◆ WORK TO BE COMPLETED:
Only one stretch of the data below is needed. Output the lines from the one with "- Temperatuurgreep" up to and including the one with "Terugstroom beveiliging (EN1717) **EB**", exactly as they stand.

Top of MATERIAL FOR THIS TASK

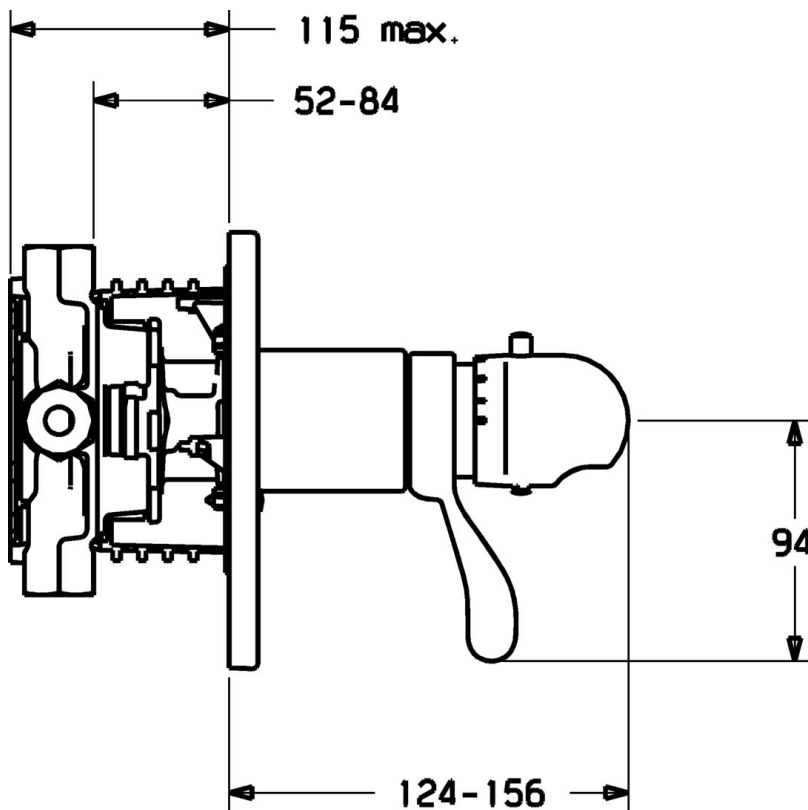

EAN: 4015474112896
static.hansa.com/48619045

- Douche oplossingen
- Thermostatisch, Afbouwset
- Wandmontage voor inbouwunit
- Chrom
- Temperatuurgreep
- Thermostatische temperatuurregeling, Terugslagklep
- Ronde rozet, Rozet met schroeven

Technische gegevens

Doorstromingseigenschappen

Doorstroomhoeveelheid bij 3 bar **25.2 l/min**

Technische eigenschappen

Warmwatertoevoer **max. +80°C**
Werkdruk **1-10 bar**
Terugstroom beveiliging (EN1717) **EB**

Voorschriften

EN-norm **EN 1111**

Reserveonderdelen

SP48619045

	Naam	Code
1	Hendel	59912895
1.1	Adapter	59912894
1.2	Temperature adjustment limiter Chromo	59912893
1.3	Schroef, M6x16, SW2.5	59911727
2	Afdekplaat, d 170/56 mm Chromo Stopgezet	59912928
2.1	Kap Chromo Stopgezet	59912896
2.3	Schroef, M5x25 Chromo	59912881
2.5	Rubberen pakking	59913045
2.7	Fixing part	59912888
2.9	Fixing plate	59913034
2.10	Schroef, M4.5x80	59912890
3	Temperatuur hendel Chromo	59910304
3	Temperatuur hendel Wit Stopgezet	59910306
3.1	Aansluitnippel, (2014-)	59913885
3.1	Schroef, M6x9.5	59901609
3.2	Binnendeel temperatuurhendel Chromo	59911840
3.3	Rebound pin	59912005
5.6	Plug	59912981
6	Thermostaat/binnenwerk, 1/2" Varox	59912843
6.1	O-ring, d 26x2	59911081
7	Functional unit, H/C reversed Stopgezet	59912979
7	Functional unit Stopgezet	59912904
7.1	Blind nut	59912984
7.3	Terugslagklep	59905714
7.4	Aansluitnippel, (2014-)	59913885
7.5	O-ring, d 14x2	59912982
7.6	Ring	59912989
7.7	O-ring, 50.52x1.78	59906841
N.I.	Inbouwverlengstuk compleet, 20 mm	59912754

Bottom of MATERIAL FOR THIS TASK

◆ RESPONSE TO THE TASK:
- Temperatuurgreep
- Thermostatische temperatuurregeling, Terugslagklep
- Ronde rozet, Rozet met schroeven

Technische gegevens

Doorstromingseigenschappen

Doorstroomhoeveelheid bij 3 bar **25.2 l/min**

Technische eigenschappen

Warmwatertoevoer **max. +80°C**
Werkdruk **1-10 bar**
Terugstroom beveiliging (EN1717) **EB**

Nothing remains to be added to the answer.